対象仮想マシンの指定はTestVM01同様に仮想マシン作成時に$vmId_TestVM03を定義することで指定します。

下記がBody内の解説です。

vmNameTesttVM03(仮想マシン名)
guestNameTestVM03(コンピュータ名)
storageId$storageId2を使用(ポイント④で定義)
firmwareKbnファームウェア区分。1(BIOS) / 2(EFI)から選択。※
bootSecureBootFlgセキュアブートフラグ。true / falseから選択。※
bootDelayTime起動遅延時間。0~10(秒)で指定。※
bootBiosSetupFlg強制セットアップフラグ。true / falseから選択。※

※今回はカタログ名”Softank***_Catalog”のテンプレート”Win2022 Std 64bit”のデフォルト値を採用します。

手順3 PowerShellスクリプトの実行

ここまでで事前準備は完了です。実際に実行してみます。

セルフポータルサイトでAPIのログを確認してみます。
[ログ]-[タスク一覧(API)]で確認すると、問題なく動作していることが確認できます。

仮想マシングループと仮想マシンを確認すると

TestVMG01に3台の仮想マシンが作成されており、Windows2022で作成されていることがわかります。
また、TestVM02はHW構成、TestVM03ではストレージ区分が変更できました。
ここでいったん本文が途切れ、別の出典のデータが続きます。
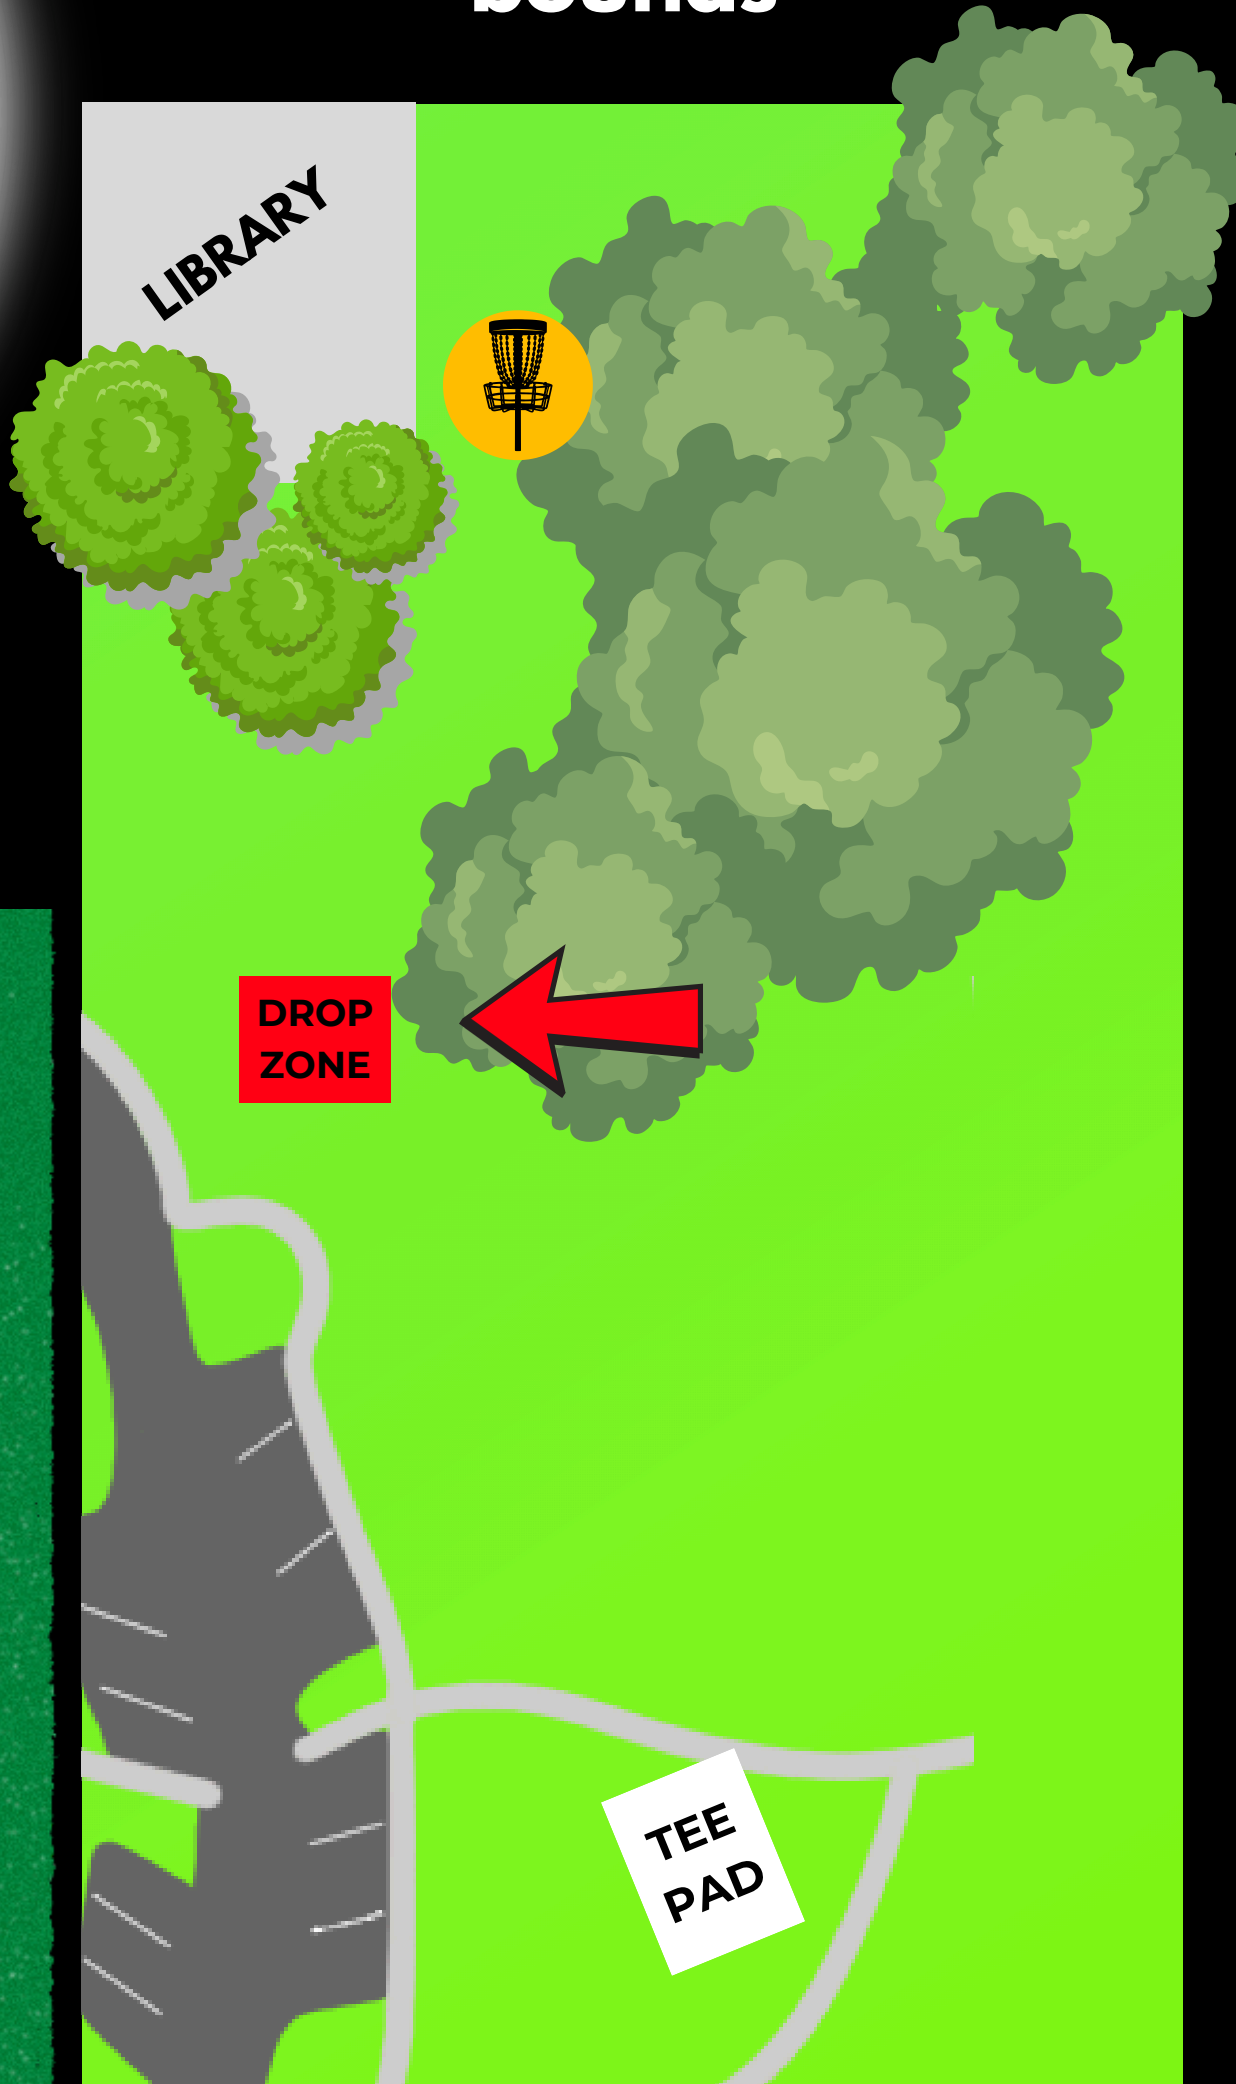

Long Beach

**HOLE 1**

**El Dorado**

Disc Golf Course

**HOLE NOTES**

**Mandatory left of tree.  
Drop zone marked next  
to tree. Sidewalk and  
beyond are OB out of  
bounds**

**PAR 3**

**298 ft**

# El Dorado

Disc Golf Course

**HOLE 2**

ゲストOSのカスタマイズも実施できており、sysprepも実行されていました。

⑥最後に

多くのVM数をまとめて作りたい場合は、ぜひ今回紹介したPowerShellスクリプトを使用して構築を自動化してみてください。30台ほどの構築であれば、オペレーションミスもなく、単純計算で100分ほど時間短縮が可能だと思います。

本記事で紹介したPowerSellスクリプトのポイント⑦〜⑨を繰り返すだけで台数変更が可能です。
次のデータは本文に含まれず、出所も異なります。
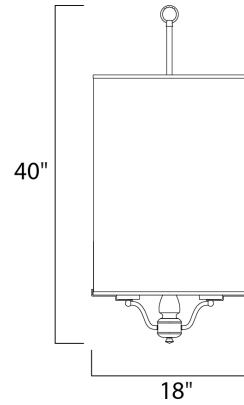

## Product Specifications - 24557SSSN

Job Name:	Job Type:
Quantity:	Comments:

**24557SSSN**  
Lucid 6-Light Pendant

**Finish**  
Satin Nickel

**Glass/Shade**

**Product Category**  
Single Pendant

**Lamping**

**Measurements**

Width	19.00"
Height	40.00"
Length	19.00"
Extension	N/A
Back Plate Width	N/A
Back Plate Height	N/A
HCO	N/A
Min Overall Height	0.00"
Max Overall Height	40.00"
Hanging Weight	14.33 lbs
Height Adjustable	N/A
Slope	N/A
Chain Length	N/A
Wire Length	180"
Canopy Width	4.75"
Canopy Height	1.00"
Canopy Length	4.75"

**Shipping**

Carton Weight	15.96 lbs
Carton Width	21"
Carton Height	33"
Carton Length	21"
Carton Cubic Feet	8.29
Master Pack	1
Master Pack Weight	N/A
Master Pack Width	N/A
Master Pack Height	N/A
Master Pack Length	N/A
Master Cubic Feet	N/A
UPS Shippable	Yes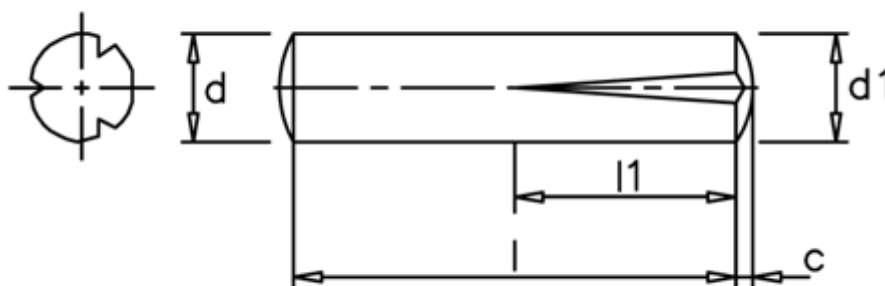

Article number: 08024326

Description: KLEE Slotted pin S2 8x24  
Steel

## Measures

---

c	= 1,2
d	= 8.0
d1	= 8.30
l1	= 1/2 l
Length	= 24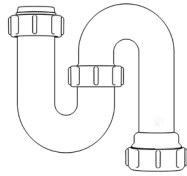

Swivel “P” Traps

Product Code: WTP3276
Description: 1¼” Swivel ‘P’ Trap
Outlet: 32mm Seal: 75mm

Product Code: WTP4076
Description: 1½” Swivel ‘P’ Trap
Outlet: 40mm Seal: 75mm

Swivel “S” Traps

Product Code: WTS3276
Description: 1¼” Swivel ‘S’ Trap
Outlet: 32mm Seal: 75mm

Product Code: WTS4076
Description: 1½” Swivel ‘S’ Trap
Outlet: 40mm Seal: 75mm

Bottle Traps

Product Code: WTB3238
Description: 1¼” Bottle Trap
Seal: 38mm

Product Code: WTB3276
Description: 1¼” Bottle Trap
Seal: 75mm

Product Code: WTB4038
Description: 1½” Bottle Trap
Seal: 38mm

Product Code: WTB4076
Description: 1½” Bottle Trap
Seal: 75mm

Product Code: WTB32T
Description: 1¼” Telescopic Bottle Trap
Seal: 75mm

Product Code: WTB40T
Description: 1½” Telescopic Bottle Trap
Seal: 75mm

Product Code: WTST01
Description: 1½” Sink Trap with Single 135° Nozzle
Seal: 75mm

Product Code: WTST02
Description: 1½” Sink Trap with Twin 135° Nozzles
Seal: 75mm

Product Code: WTBNH01
Description: 1½” Bowl & Half Kit
Seal: 75mm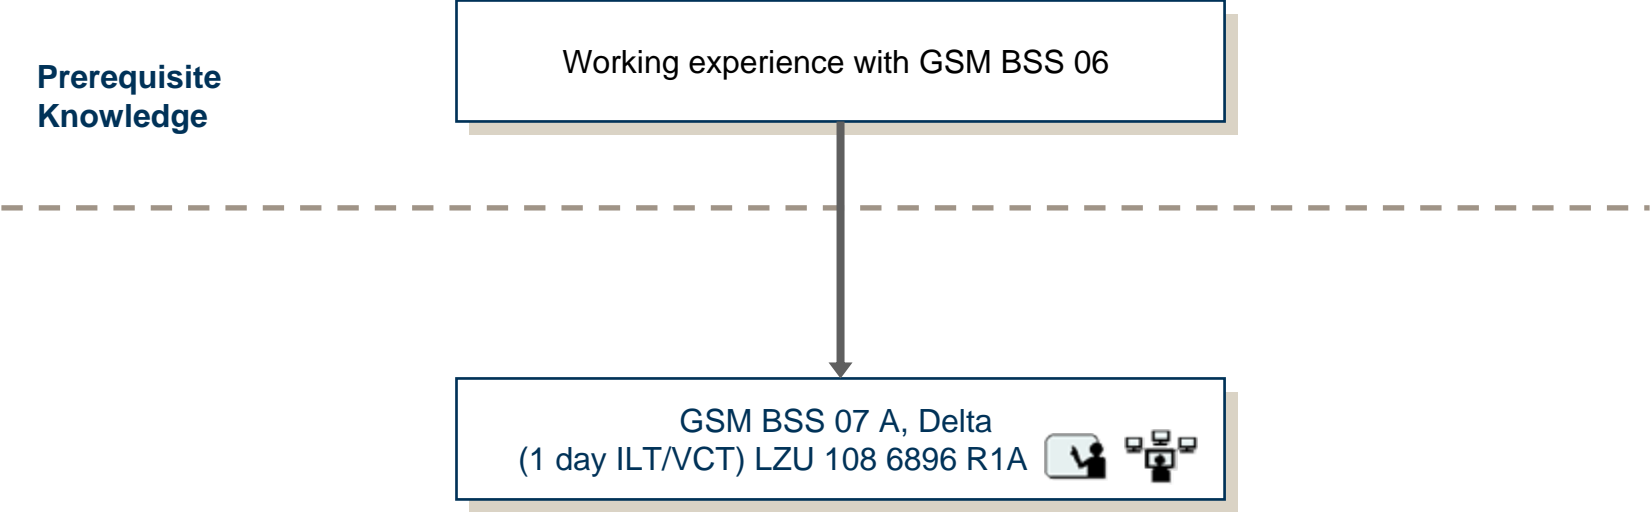

GSM RAN BSS 07 Delta Training

(FAB 102 2039 R1A)

当然Windows2022だけでなく、他のテンプレートでも実施可能ですし、組み合わせも可能です。

個人的にはGUI操作時の待ち時間を気にしなくていいのがストレスフリーでした!

今回ご紹介させていただいたAPI(仮想マシングループの作成、仮想マシンの作成、仮想マシンの編集、仮想マシンのパワーオン)以外にも多くのAPI機能をリリースしてます。
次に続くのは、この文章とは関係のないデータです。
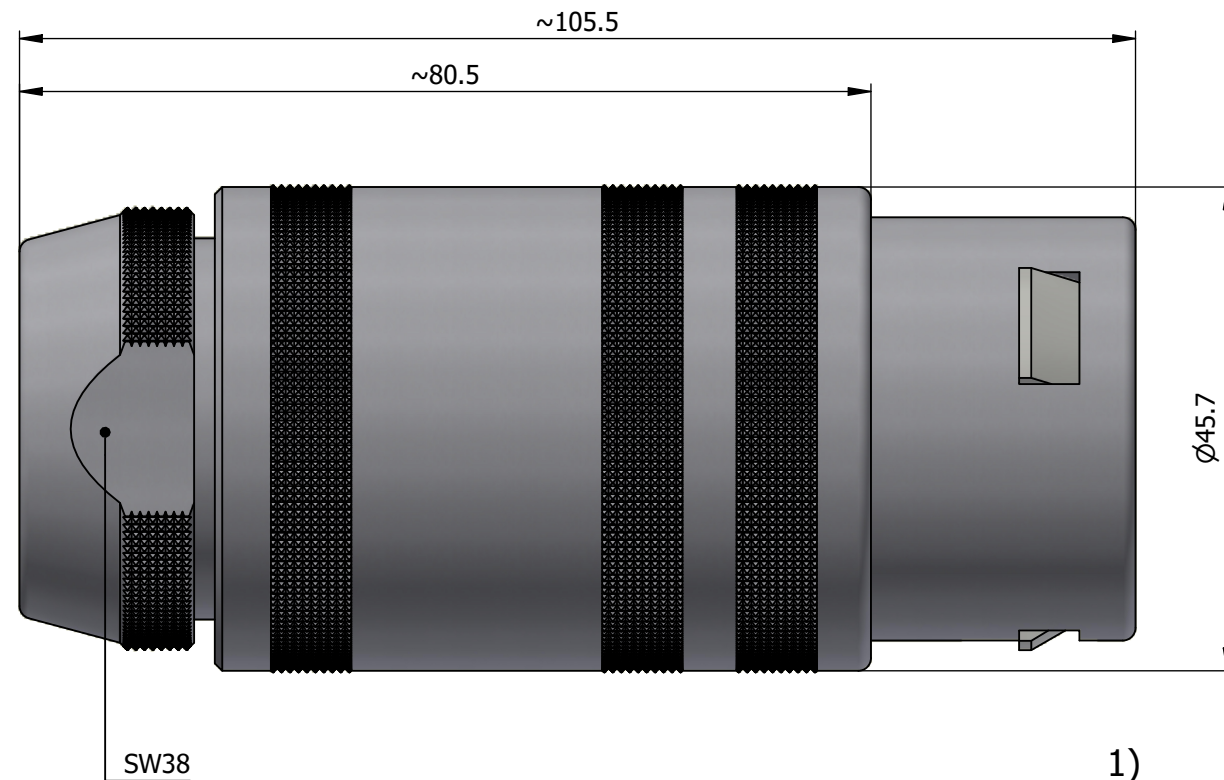

All dimensions are in millimeters (mm)

Alignment Key
Front View

Insert Configuration
Rear View

Note:

1) This picture is generic and for illustrative purposes only, and may show different keying, materials, colour, finish, and contact configuration. Minor shape or feature variations to actual item may be present.

All additional information are documented on the datasheet (See below link or QR Code)
www.lemo.com/pdf/FFA.6S.324.CLAC20.pdf

Model	Series	Insert Config.	Housing	Insulator	Contact	Collet Type	Cable Ø	Variant
FFA	6S	324				CLAC	20

APIの利用方法や使用可能機能一覧は、ホワイトクラウドASPIREご利用ガイドの”APIを利用する”をご確認ください。

また、今後もAPI機能は続々と追加していきますので心待ちにしていただければと思います。

このブログをきっかけに是非自動化を推進していっていただければと思います!

最後まで読んでいただき、ありがとうございました。